The Judgment of Human Beings and the Forgiveness of God

2 Comment(s) | Posted | by Osamu Takeuchi |

            Asahara Shoko the founder of the Aum Shinrikyo cult and thirteen other former senior members of his group, were executed in July. They were found guilty of crimes, including among others the sarin gas attack in the Tokyo subway, in 1995. Nevertheless however, death penalty or capital punishment, is an issue the Japanese need to ponder over more sincerely and realistically.

            His Holiness Pope Francis approved the revision of number 2267 of the Catholic Catechism that refers to the death penalty, due to the reason that the death penalty is something we cannot accept. It is an attack on the non-aggressive nature of the human person, as well as on human dignity.

            Nonetheless, it is reported that over 80 percent of the people of Japan approve of the death penalty. What could be the reason behind this? Why is it that so many take such an ambiguous attitude towards this issue, despite their lacking an adequate knowledge of it? We may perhaps be able to state that this is as it were, something unique to Japanese.

The truth is there are multiple issues linked to the death penalty, but I personally wish to focus here upon the judgment of human beings, and the forgiveness of God. Our Lord Jesus said, “Stop judging!” (Mt 7:1), while St. Paul declared, “Beloved, do not look for revenge but leave room for the wrath; for it is written, ‘Vengeance is mine, I will repay, says the Lord.” (Rom 12:19).

            When we seek to judge someone or something, what we need is a sort of a norm whereby we may judge, and even more, at times it is desirable on our part to take a firm attitude when necessary to certain issues. At the same time however, can we human beings really be able to conceive of such a norm? The first thing we need to realize here, is that we are weak and uncertain creatures.

            What is the true significance of forgiveness as revealed in the Bible? Jesus said to the woman caught in adultery, “Neither do I condemn you. Go [and] from now on do not sin anymore.” (Jn. 8:11). Jesus in this way does not condemn her as guilty, but rather, enables her to begin a new life. This sort of forgiveness is closely related to love. (cf. Col 3:12-14). Forgiveness moreover is a process. In other words, it is usually accompanied by pain, suffering, and conflict.

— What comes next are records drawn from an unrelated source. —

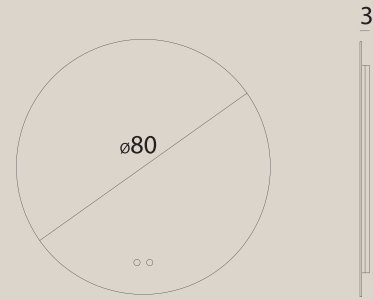

MIRROR

W0387

22W LED, 3000K-5000K, 2070lm + 24W anti-fog function

wykończenie: bezramkowe | finish: frameless

materiał: metal, szkło | material: metal, glass

LED

W0388

22W LED, 3000K-5000K, 2070lm + 23W anti-fog function

wykończenie: bezramkowe | finish: frameless

materiał: metal, szkło | material: metal, glass

LED

MIRROR
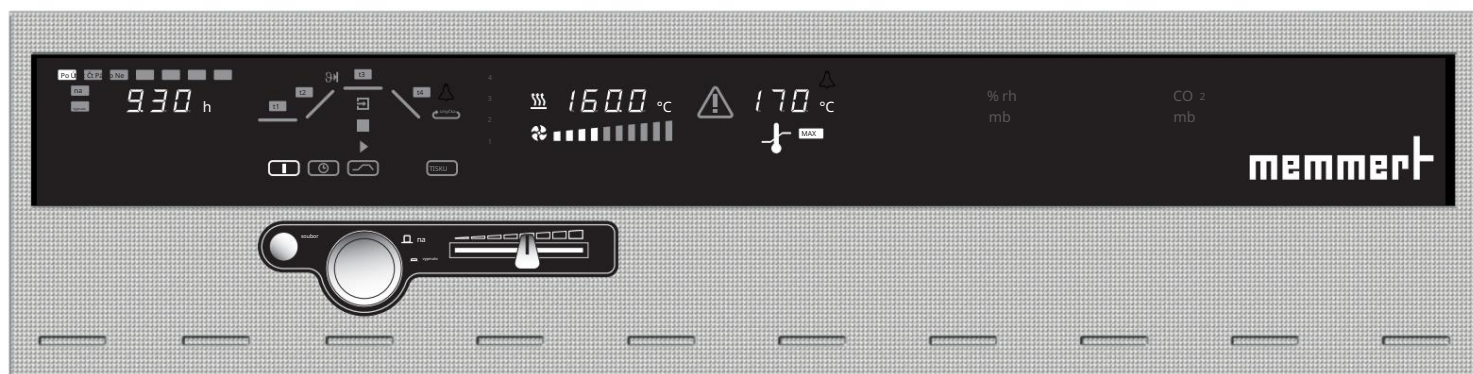

VYNIKAJÍ CÍ

Univerzální trouba
UNE 200-800
UFE 400-800

Sterilizátor
SNE 200-400
SFE 400-800

Inkubátor
INE 200-800

Návod k obsluze

Obsah je uzamčen

Dokončete, prosím, proces objednávky.

Následně budete mít přístup k celému dokumentu.
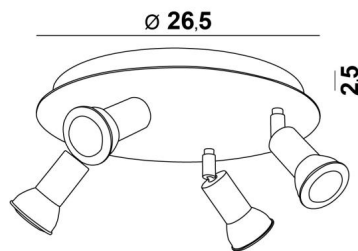

MERCURE ROUND 4

MERCURE ROUND 4 is een ronde plafondlamp met vier spots. Deze plafondlamp is sober, gemakkelijk te installeren en essentieel om uw interieur meer licht te geven

De originaliteit van de **MERCURE** spot is zijn minimalistische ontwerp. Deze spot, die de fitting en het onderste gedeelte van de gloeilamp nauw omsluit, wordt gepresenteerd in een aantrekkelijke reeks van tien modellen, met één tot zes spots, verdeeld over ronde, vierkante of rechthoekige basissen. De meeste van deze basissen zijn versierd met een mooie, robuuste en zeer decoratieve overhangende plaat

TOTALE AFMETINGEN

Ø26,5cm H8→13,5cm

BASIS

Plaat: Ø26,5cm Doos: Ø23,5 x 2,5cm

TECHNISCHE GEGEVENS

Vier spots gemonteerd op 360° knieschijven. Afmetingen van de spot: Ø3cm L4,5cm

Vier GU10 fittingen

Geen driver, deze plafondlamp werkt rechtstreeks op 230V. Dimbare plafondlamp

Een fixatieplaat om de basis aan het plafond te bevestigen ([PDF plan](#))

BESCHIKBARE METALEN AFWERKINGEN EN CODES

	01 - Gestructureerd wit - 5104 001
	20 - Gepolijst messing - 5104 020
	25 - Gesatineerd messing - 5104 025
	28 - Lichtbrons - 5104 028
	29 - Geborsteld brons - 5104 029
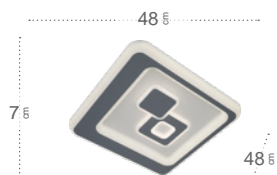

Enif

Mando a distancia incluido

Memoria de Color

Regulable en intensidad de luz

Enif Plafón

172784828
Material:
Metal / Policarbonato

172785028
Material:
Metal / Policarbonato

Referencia	Regulable	Color	Potencia	Lúmenes	Temperatura	Color luz	CRI
172784828	Si	Gris / Blanco	100 W	13500 Lm	3000, 4000, 6500 °K	Blanco Cálido, Frío y Natural	>80
172785028	Si	Gris / Blanco	94 W	12690 Lm	3000, 4000, 6500 °K	Blanco Cálido, Frío y Natural	>80
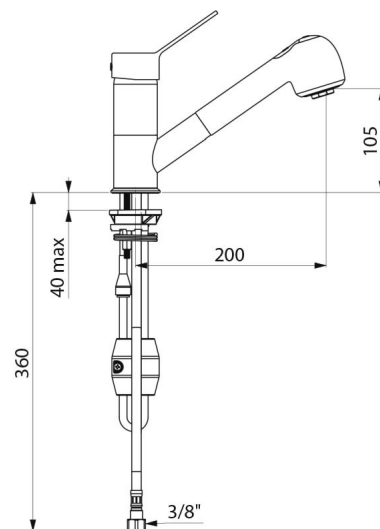

TECHNISCHE EIGENSCHAPPEN

Mengkraan met drukcompensatie en uittrekbare sproeier - Ref. 2211EP

Aansluiting	F3/8"
Technologie	SECURITHERM EP mechanische mengkraan
Hoogte van de uitloop	105 mm
Lengte van de uitloop	200 mm
Debiet	7 l/min bij 3 bar
Temperatuurbegrenzing	Ja
Afwerking	Messing verchromd
Standaarden	ACS    
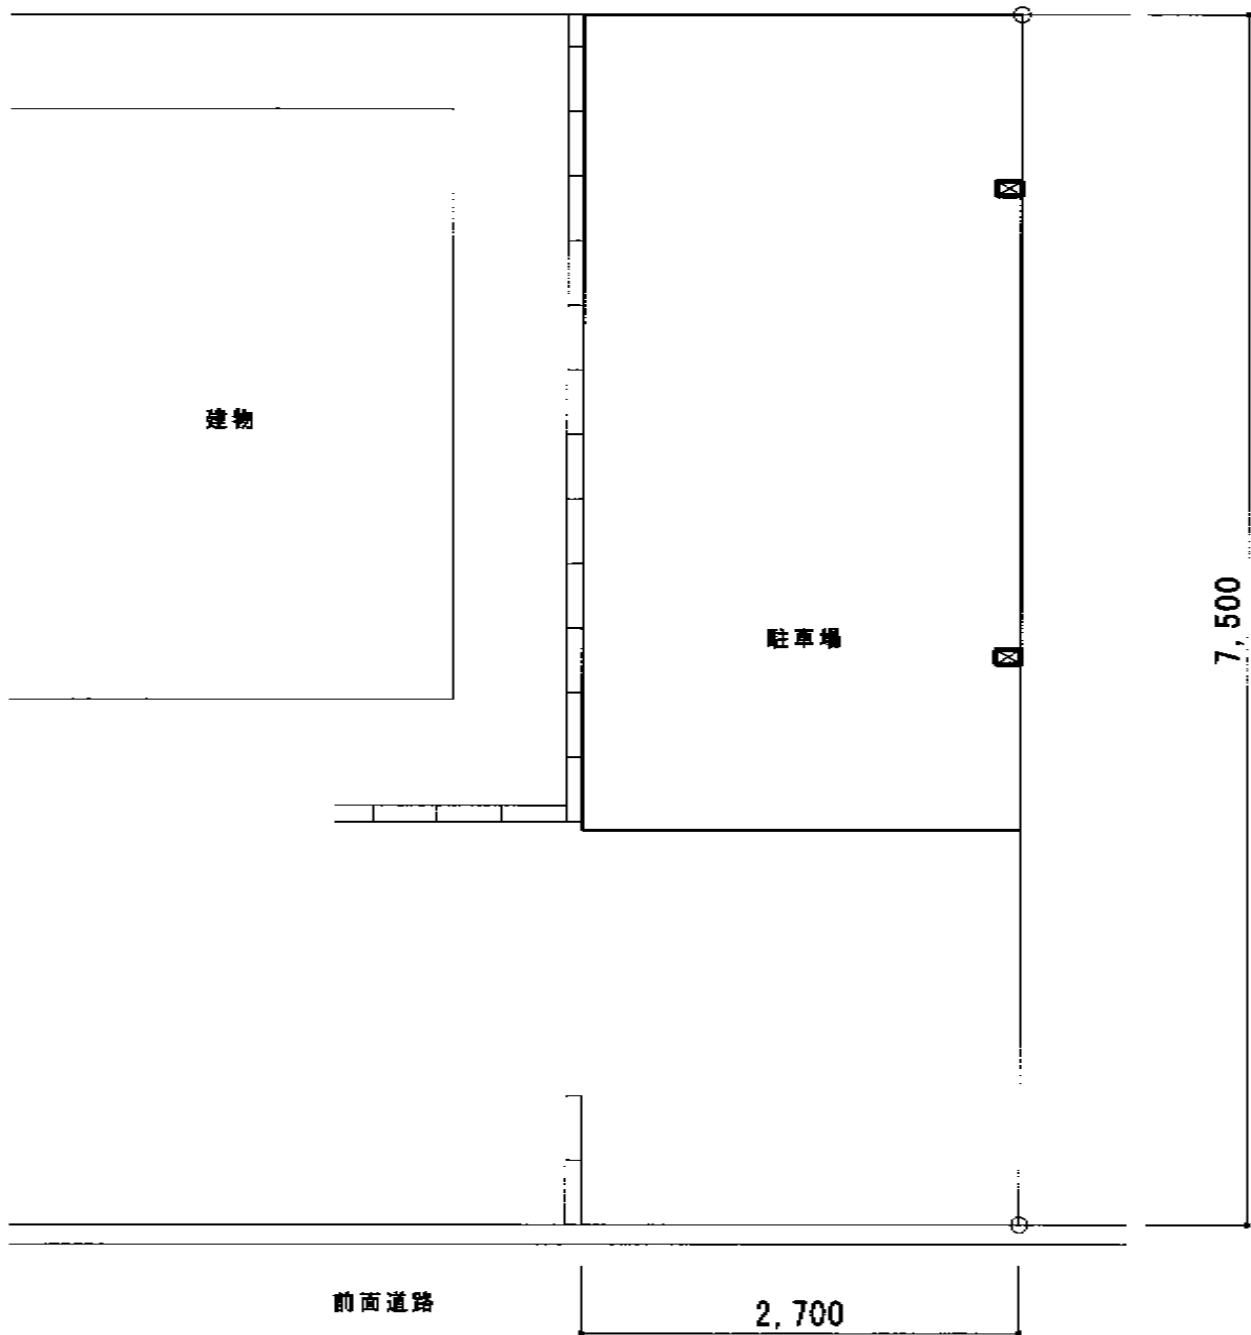

プレシオスポート 積雪～20cm対応

Value Select プレシオスポート 積雪～20cm対応

幅=2,700mm

奥行=5,052mm

色：グレースブラウン

屋根材：熱線遮断ポリカーボネート（スカイブルーマット調）

柱仕様：標準柱仕様（有効高 約1,800mm）

現場状況や作図制限により概略図の内容と多少の違いが生じることがございます。
施工時は、現場優先とさせていただきますので、お立会い頂き、
最終のご指示のほど、何卒、宜しくお願い致します。

            The death penalty is directly related to life, and hence, we should not attempt to judge and solve a problem merely by emotion and feeling. Indeed, it is vital on our part to make allowance for the feelings of the bereaved. Yet in Japan, in many cases the death penalty is imposed not in accordance with the law of the nation, but through the free choice of the people responsible in the Ministry of Justice.

            Simultaneously however, on the other hand, we should not view this problem in too naïve a manner. Rather, we need to ponder over it more realistically. For instance, how can we reduce the number of desperate criminals around us? How can we learn true forgiveness? To avoid false accusations, we may need to accept for example, a life imprisonment. At any rate, we need to probe this issue more sincerely and patiently.

            God does not want life to be lost, whatever the case may be. God is life itself. “As I live—oracle of the Lord God—I swear I take no pleasure in the death of the wicked, but rather that they turn from your evil ways! Why should you die, house of Israel?” (Ez 33:11).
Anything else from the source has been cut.